The fitting function can be defined using the Fitting Function Builder tool.

  1. Select Tools: Fitting Function Builder from Origin menu.
  2. In the Fitting Function Builder dialog's Goal page, click Next.
  3. In the Name and Type page, select User Defined from Select or create a Category drop-down list, type convfunc in the Function Name field, and select Origin C in Function Type group. And click Next.
  4. In the Variables and Parameters page, type x0,xL,tL,s,y0,b1,b2 in the Parameters field, w1,xc1,w2,xc2,A2 in the Constants field. Click Next.
  5. In the Origin C Fitting Function page, set initial parameters as follows:
    x0 = 3.1
    xL = 6.3
    tL = 0.4
    s = 0.14
    y0 = 1.95e-3
    b1 = 2.28e-5
    b2 = 0.2

    Click Constants tab, set constants as follows:

    w1 = 1.98005
    xc1 = -0.30372
    w2 = 5.76967
    xc2 = 3.57111
    A2 = 9.47765e-2

    Click the User-Defined Fitting Functions-2.png button on the right of the Function Body edit box and define the fitting function in Code Builder as follows:

    Include header files,

    #include <ONLSF.H>
    #include <fft_utils.h>

    Define the function body

      NLFitContext *pCtxt = Project.GetNLFitContext();
      if ( pCtxt )
      {
        // Vector for the output in each iteration.
        static vector vX, vY;
    		
        static int nSize;
    		
        BOOL bIsNewParamValues = pCtxt->IsNewParamValues();
    		
        // If parameters were updated, we will recalculate the convolution result.
        if ( bIsNewParamValues )
        {
          //Sampling Interval 
          double dx = 0.05;
          vX.Data(-16.0, 16.0, dx);
          nSize = vX.GetSize();
    			
          vector vF, vG, vTerm1, vTerm2, vDenominator, vBase, vAddBase;
    			
          double Numerator = tL * x0^2 * (xL^2 - x0^2);
          vTerm1 = ( (vX - xc1) * tL * ( (vX - xc1)^2 - xL^2 ) )^2;
          vTerm2 = ( (vX - xc1)^2 - x0^2 )^2;
          vDenominator = vTerm1 + vTerm2;
    			
          //Function f(x)
          vF = (s/pi) * Numerator / vDenominator;
    			
          //Function g(x)
          vG =  1/(w1*sqrt(pi/2))*exp(-2*vX^2/w1^2);
    			
          //Pad zeroes at the end of f and g before convolution
          vector vA(2*nSize-1), vB(2*nSize-1);
          vA.SetSubVector( vF );
          vB.SetSubVector( vG );
    			
          //Perform circular convolution
          int iRet = fft_fft_convolution(2*nSize-1, vA, vB);
    			
          //Truncate the beginning and the end
          vY.SetSize(nSize);
          vA.GetSubVector( vY, floor(nSize/2), nSize + floor(nSize/2)-1 );
    			
          //Baseline
          vBase = (b1*vX + y0);
          vAddBase =  b2 * A2/(w2*sqrt(pi/2))*exp( -2*(vX-xc2)^2/w2^2 );
    			
          //Fitted Y
          vY = dx*vY + vBase + vAddBase;
        }
    		
        //Interpolate y from x for the fitting data on the convolution result.
        ocmath_interpolate( &x, &y, 1, vX, vY, nSize );
      }

    Click Compile button to compile the function body. And click the Return to Dialog button.

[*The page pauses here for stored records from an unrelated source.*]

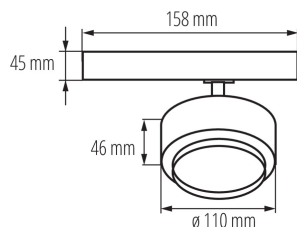

35656 BTL 28W-940-W

Прожектор за шина

5905339356567

Kanlux BTLW LED е нов дизайн на осветителни тела, адаптиран към релсовата система Kanlux TEAR и към повечето 3-кръгови релсови системи. Осветителните тела са оборудвани със захранване, интегрирано в адаптера. Kanlux BTL са осветителни тела в насочен вариант с леща и регулиране на ъгъла на светене в диапазона от 15° до 45°. По желание може да се използва дифузер със структура на пчелна пита, която намалява отблясъците. В Kanlux BTL можете да изберете мощност (18W 28W 38W), цвят на корпуса (бял или черен) и цвят на светлината (топъл или неутрален). Серията осветителни тела Kanlux BTL има висок индекс на цвето предаване Ra 90+, а високото им качество се потвърждава от 5 години гаранция.

ПАРАМЕТРИ НА ПРОДУКТА:

Цвят: бял

Място на монтаж: na szynę TEAR

Място на приложение: на закрито

Минимално разстояние от осветявания обект: 0,5m

Възможност за използване с димер: не

Интегриран LED източник на светлина: да

Време за пускане на лампата [s]: ≤0,5

Осветително тяло, подвижно в хоризонтална равнина [°]: 340

Осветително тяло, подвижно във вертикална равнина [°]: 90

Степен на защита IP: 20

Допълнителна информация: Съставен продукт (CP)

ЛОГИСТИЧНИ ДАННИ:

Мерна единица: брой
Как е опаковано: 20
Количество бройки в междинна опаковка: 1
Количество бройки в сборна опаковка: 20
Единично нето тегло [g]: 580
Грамаж [g]: 680
Дължина на единична опаковка [cm]: 11.5
Ширина на единична опаковка [cm]: 11
Височина на единична опаковка [cm]: 16.5
Тегло на кашон [kg]: 13.6
Ширина на кашон [cm]: 35
Височина на кашон [cm]: 25
Дължина на кашон [cm]: 60.5
Вместимост на кашон [m³]: 0.052938

    Click Evaluate button, and it shows y=0.02165 at x =1. And this indicates the defined fitting function is correct. Click Next.

  6. Click Next. In the Bounds and General Linear Constraints page, set the following bounds:
    0 < x0 < 7
    0 < xL < 10
    0 < tL < 1
    0 <= s <= 5
    0 < b2 <= 3

    Click Finish.


Note: In order to monitor the the fitted parameters, NLFitContext class was introduced in defining fitting function to achieve some key information within the fitter

Fit the Curve

  1. Select Analysis: Fitting: Nonlinear Curve Fit from the Origin menu. In the NLFit dialog, select Settings: Function Selection, in the page select User Defined from the Category drop-down list and convfunc function from the Function drop-down list. Note that Y Error Bar is shown in the active graph, so column C is used as Y weight, and Instrumental weighting method is chosen by default.
  2. Click the Fit button to fit the curve.

Fitting Results

The fitted curve should look like:

Conv Data G2.png

Fitted Parameters are shown as follows:

Parameter Value Standard Error
x0 3.1424 0.07318
xL 6.1297 0.1193
tL 0.42795 0.02972
s 0.14796 0.00423
y0 0.00216 1.76145E-4
b1 4.90363E-5 1.61195E-5
b2 0.07913 0.02855

Note that you can set a smaller value for dx in the fitting function body, the result may be more accurate, but at the same time it may take a longer time for fitting.